Module: Moult::Duplication::Confidence

Defined in:: lib/moult/duplication/confidence.rb

Overview

The per-finding confidence model for duplication — the duplication slice's realisation of Moult's protected confidence API. It answers a deliberately humble question: how confident are we that this clone group is genuine, consolidatable duplication rather than an incidental structural rhyme? It never asserts certainty; every contributing factor is recorded as a Reason so the judgement is auditable.

Confidence.assess is a pure function of the signals flay hands us (already extracted by Clones): no IO, no flay objects. That keeps it trivially unit-testable and lets the scoring be pinned against hand-built inputs — drift is a bug, the same treatment ABC and the coverage Resolver get.

Defined Under Namespace

Classes: Assessment, Reason

Constant Summary collapse

CATEGORY =

"duplication"

BASE = Base likelihood before any adjustment, keyed by kind. An identical (byte-for-byte) match is near-certain duplication; a merely similar match (names/literals differ) is weaker and could be parallel-by-design.

{identical: 0.6, similar: 0.45}.freeze

SIMILAR_CAP = A structurally-similar (not identical) match never reaches high confidence: shared shape is not proof of shared intent.

0.75

MASS_LARGE = Larger duplicated structures are far less likely to be coincidental.

MASS_MEDIUM =

WHOLE_DEFINITION = sexp node types that are whole, cleanly-extractable definitions. A duplicated whole method/class is the least ambiguous "consolidate me".

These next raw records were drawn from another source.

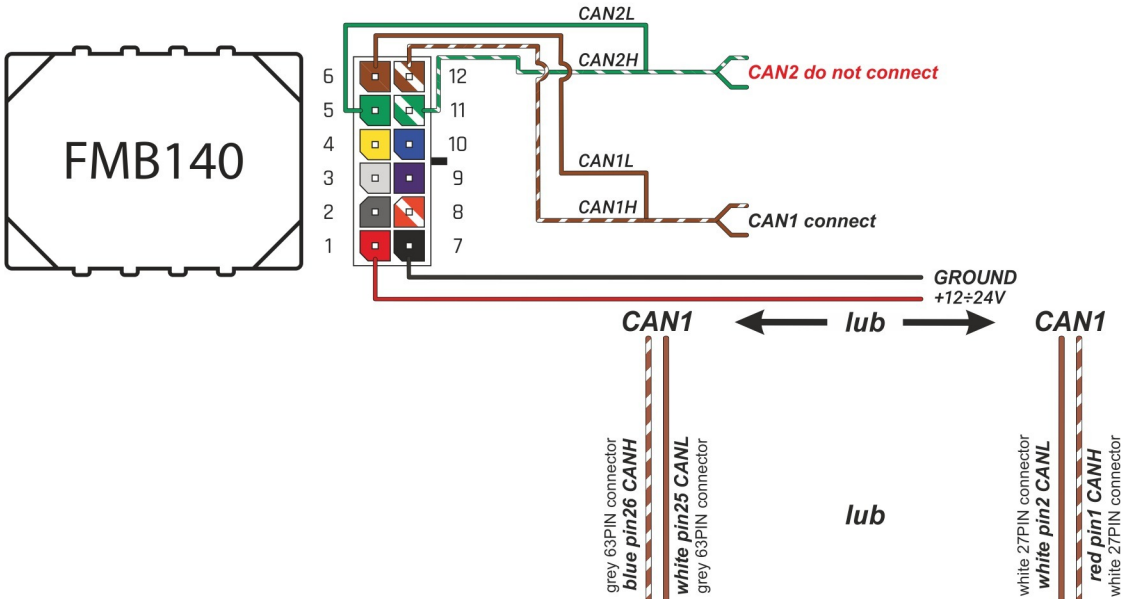

Brand, Model	Device: FMB140 LV-CAN	Year:	Rev.:
TOYOTA PRIUS (Hybrid)		2015→	12
Version: with Keyless System	program №: 11814 from: 2023-04-18		

Flags:

General parameters:

Attention: - parameter is not available using the contactless reader.

- Total mileage of the vehicle (dashboard)
- Vehicle mileage - (counted)
- Total fuel consumption - (counted)
- Fuel level (in percent)
- Engine speed (RPM)
- Engine temperature
- Vehicle speed
- Acceleration pedal position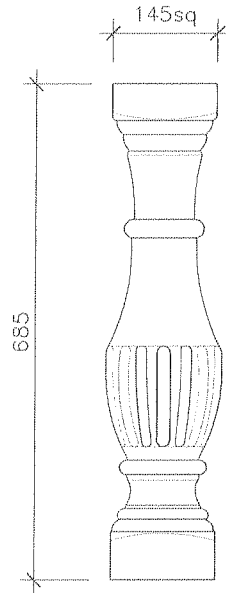

COLONIAL SANDSTONE PRODUCTS PTY LTD

SANDSTONE BALUSTRADE (S.B)

SB1 760 SQ FRENCH

SB2 505 SQ FRENCH

SB3 347 SQ FRENCH

SB4 760 SQ FLUTED
SCALE: 1:10

SB5 330 SQ NEW
ROMAN STRAIGHT

SB6 765
MEDITERRANEAN

COLONIAL SANDSTONE PRODUCTS PTY LTD

SANDSTONE BALUSTRADE (S.B)

SB7 760 SPANISH PLAIN

SB8 500 SPANISH PLAIN

SB9 327 SPANISH PLAIN

SB10 760 SPANISH FANCY

SB11 677 SPANISH FANCY

SB12 420 SPANISH FANCY

SCALE: 1:10

COLONIAL SANDSTONE PRODUCTS PTY LTD

SANDSTONE BALUSTRADE (S.B)

SB13 760 ROMAN FANCY

SB14 685 ROMAN FANCY

SB15 590 ROMAN FANCY

SB16 680 SPANISH PLAIN

SB17 677 SPANISH PLAIN

SB18 500 SPANISH PLAIN

SCALE: 1:10

COLONIAL SANDSTONE PRODUCTS PTY LTD

SANDSTONE BALUSTRADE (S.B)

SB19 COLONIAL 800

SB20 760 ROMAN STRAIGHT

SB21 675 SQ FLUTED

SB 22 760 MEXICAN

%w[defn defs class module sclass].freeze

Class Method Summary collapse

.assess(kind:, mass:, occurrence_count:, node_type:) ⇒ Assessment
.base_detail(kind) ⇒ Object
.mass_reason(mass) ⇒ Object
Bucketed so the contribution is stable and pinnable regardless of the run's configurable --min-mass.

Class Method Details

.assess(kind:, mass:, occurrence_count:, node_type:) ⇒ `Assessment`

Parameters:

kind (Symbol) —
:identical or :similar
mass (Integer) —
flay's mass for the duplicated node
occurrence_count (Integer) —
number of sites (>= 2)
node_type (String) —
flay sexp type, e.g. "defn", "call"

Returns:

(Assessment)

# File 'lib/moult/duplication/confidence.rb', line 55

def assess(kind:, mass:, occurrence_count:, node_type:)
  base = BASE.fetch(kind, BASE[:similar])
  reasons = [Reason.new(rule: :base_score, delta: base, detail: base_detail(kind))]

  mass_contribution = mass_reason(mass)
  reasons << mass_contribution if mass_contribution
  reasons << Reason.new(rule: :many_occurrences, delta: 0.07, detail: "duplicated across #{occurrence_count} locations") if occurrence_count >= 3
  reasons << Reason.new(rule: :whole_definition, delta: 0.08, detail: "duplicates a whole #{node_type}") if WHOLE_DEFINITION.include?(node_type)

  raw = reasons.sum(&:delta)
  if kind == :similar && raw > SIMILAR_CAP
    reasons << Reason.new(rule: :similar_cap, delta: 0.0, detail: "structural similarity is not proof of duplication; capped at #{SIMILAR_CAP}")
    raw = SIMILAR_CAP
  end

  Assessment.new(confidence: raw.clamp(0.0, 1.0).round(2), reasons: reasons)
end

.base_detail(kind) ⇒ `Object`

# File 'lib/moult/duplication/confidence.rb', line 73

def base_detail(kind)
  if kind == :identical
    "identical structural match (byte-for-byte)"
  else
    "structurally-similar match (names/literals differ)"
  end
end

.mass_reason(mass) ⇒ `Object`

Bucketed so the contribution is stable and pinnable regardless of the run's configurable --min-mass.

# File 'lib/moult/duplication/confidence.rb', line 83

def mass_reason(mass)
  if mass >= MASS_LARGE
    Reason.new(rule: :large_mass, delta: 0.2, detail: "large duplicated mass (#{mass})")
  elsif mass >= MASS_MEDIUM
    Reason.new(rule: :medium_mass, delta: 0.1, detail: "moderate duplicated mass (#{mass})")
  end
end